From first line to last, give the records again word for word and omit the pictures.

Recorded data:
::::
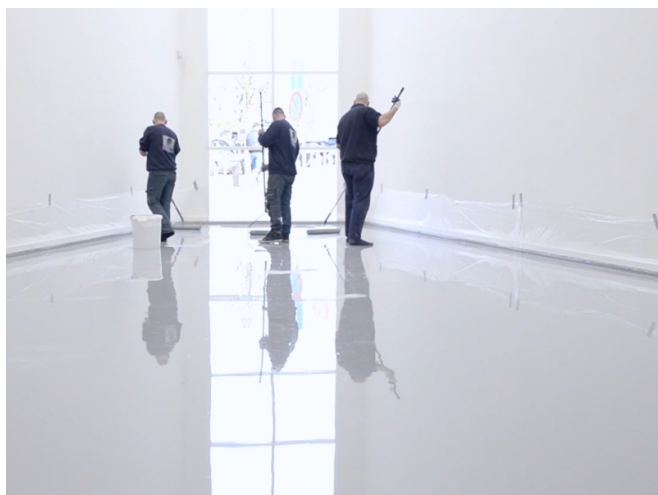

REFERENTIE

M HKA MUSEUM TE ANTWERPEN, BELGIË

PROJECT	M HKA museum te Antwerpen
SYSTEEM	EPISOL® PRIMER RFE EPISOL® PU SL2K EPISOL® PU TOPCOAT WB
OPPERVLAKTE	480 m ²
JAAR	2018
LAND	België
TOEPASSINGSGBIED	Decoratieve vloeren
::::
RESPONSE BOX>
REFERENTIE

M HKA MUSEUM TE ANTWERPEN, BELGIË

PROJECT	M HKA museum te Antwerpen
SYSTEEM	EPISOL® PRIMER RFE EPISOL® PU SL2K EPISOL® PU TOPCOAT WB
OPPERVLAKTE	480 m ²
JAAR	2018
LAND	België
TOEPASSINGSGBIED	Decoratieve vloeren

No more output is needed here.